What is needed » Scan the data below and report how many lines include the word "Polling". Nothing else is wanted.

Information given »
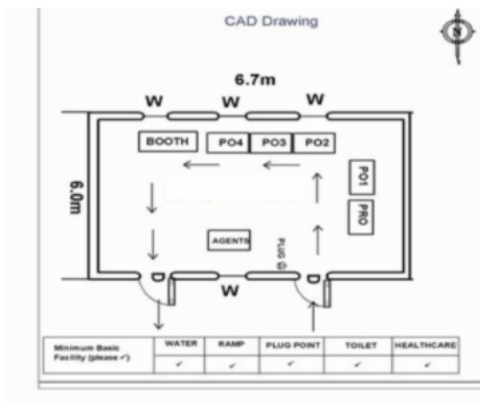

Google Map View

Polling Station Building Front View

Polling Station Front View

Cad View

Key MAP View

1 பெயர் : சுதந்தரவேணி கணவர் பெயர்: பாபு வீட்டு எண் : 1 வயது : 34 பாலினம் : பெண் Photo is available	ZHT0305029	2 பெயர் : மஞ்சளா தந்தை பெயர்: கிருஷ்ணன் வீட்டு எண் : 1-1 வயது : 44 பாலினம் : பெண் Photo is available	ZHT0858993	3 பெயர் : உதயகுமார் தந்தை பெயர்: சக்திவேல் வீட்டு எண் : 1/123ஏ வயது : 31 பாலினம் : ஆண் Photo is available	ZHT1952589
4 பெயர் : நீதீஷ் தந்தை பெயர்: குமார் வீட்டு எண் : 1/440 வயது : 21 பாலினம் : ஆண் Photo is available	ZHT1994573	5 பெயர் : கோவிந்தசாமி தந்தை பெயர்: பெருமாள் வீட்டு எண் : 2/251 வயது : 22 பாலினம் : ஆண் Photo is available	ZHT2104693	6 பெயர் : திருவாசுக் தந்தை பெயர்: பெருமாள் வீட்டு எண் : 2/251 வயது : 19 பாலினம் : பெண் Photo is available	ZHT2133395
7 பெயர் : கண்ணம்மாள் கணவர் பெயர்: தோளன் வீட்டு எண் : 3-399 வயது : 76 பாலினம் : பெண் Photo is available	ZHT1151174	8 பெயர் : மூவேந்தன் தந்தை பெயர்: முனுசாமி வீட்டு எண் : 3/508 வயது : 26 பாலினம் : ஆண் Photo is available	ZHT1013614	9 பெயர் : வெங்கடேஷ் தந்தை பெயர்: ஆதிசுமார் வீட்டு எண் : 4 வயது : 35 பாலினம் : ஆண் Photo is available	ZHT0379198
10 பெயர் : அரிதாஸ் தந்தை பெயர்: சீனு வீட்டு எண் : 4 வயது : 30 பாலினம் : ஆண் Photo is available	ZHT0655175	11 பெயர் : சுரேஷ் தாயின் பெயர்: மஞ்சளா வீட்டு எண் : 4/1 வயது : 22 பாலினம் : ஆண் Photo is available	ZHT2131993	12 பெயர் : சக்திவேல் பெ தந்தை பெயர்: பெருமாள் சி வீட்டு எண் : 4/10 வயது : 20 பாலினம் : ஆண் Photo is available	ZHT2085488
13 பெயர் : மூக்கன் தந்தை பெயர்: கோனையன் வீட்டு எண் : 4-42 வயது : 69 பாலினம் : ஆண் Photo is available	ZHT0379040	S 14 பெயர் : வளர்மதி கணவர் பெயர்: மாஸ்தையன் வீட்டு எண் : 4-60 வயது : 51 பாலினம் : பெண் DELETED	ZHT0764514	15 பெயர் : ஜெயசுதா கணவர் பெயர்: முரளி வீட்டு எண் : 4-78 வயது : 35 பாலினம் : பெண் Photo is available	ZHT0350041
16 பெயர் : பிரித்யா தந்தை பெயர்: பெருமாள் வீட்டு எண் : 4/132 வயது : 24 பாலினம் : பெண் Photo is available	ZHT1862473	17 பெயர் : பிரபு தந்தை பெயர்: பாபு வீட்டு எண் : 4-144 வயது : 35 பாலினம் : ஆண் Photo is available	ZHT0350025	18 பெயர் : சிந்தாமணி தந்தை பெயர்: பர்குணன் வீட்டு எண் : 4-144 வயது : 33 பாலினம் : ஆண் Photo is available	ZHT0350082
19 பெயர் : நவின் தந்தை பெயர்: பாபு வீட்டு எண் : 4-144 வயது : 28 பாலினம் : ஆண் Photo is available	ZHT0858951	20 பெயர் : மூவேந்தன் தந்தை பெயர்: சிவாஜி வீட்டு எண் : 4-158 வயது : 29 பாலினம் : ஆண் Photo is available	ZHT0764522	21 பெயர் : முனிராஜ் தந்தை பெயர்: முனுசாமி வீட்டு எண் : 4-168 வயது : 34 பாலினம் : ஆண் Photo is available	ZHT0350223
S 22 பெயர் : ரங்கநாதன் தந்தை பெயர்: துரைசாமி வீட்டு எண் : 4/183ஏ வயது : 63 பாலினம் : ஆண் DELETED	ZHT2037661	23 பெயர் : பாமா கணவர் பெயர்: கர்னன் வீட்டு எண் : 4/231ஏ வயது : 56 பாலினம் : பெண் Photo is available	ZHT2099711	24 பெயர் : கபிலன் தந்தை பெயர்: காமராஜ் வீட்டு எண் : 4-272 வயது : 35 பாலினம் : ஆண் Photo is available	ZHT0350199
25 பெயர் : ரேவதி கணவர் பெயர்: கபிலன் வீட்டு எண் : 4/272 வயது : 35 பாலினம் : பெண் Photo is available	ZHT2037190	26 பெயர் : ஜெயபிரகாஷ் தந்தை பெயர்: செல்வம் வீட்டு எண் : 4/299 வயது : 27 பாலினம் : ஆண் Photo is available	ZHT2022085	S 27 பெயர் : சுதர்சனன் வர தந்தை பெயர்: வாசுதேவன் வீட்டு எண் : 4/318 வயது : 18 பாலினம் : ஆண் DELETED	ZHT2180446
28 பெயர் : சல்மா தந்தை பெயர்: முனுசாமி வீட்டு எண் : 4-323 வயது : 27 பாலினம் : பெண் Photo is available	ZHT0987321	29 பெயர் : ராஜா தந்தை பெயர்: கோவிந்தசாமி வீட்டு எண் : 4-327 வயது : 43 பாலினம் : ஆண் Photo is available	ZHT0305227	30 பெயர் : வள்ளி கணவர் பெயர்: ராஜா வீட்டு எண் : 4-327 வயது : 34 பாலினம் : பெண் Photo is available	ZHT0305359

The answer » 2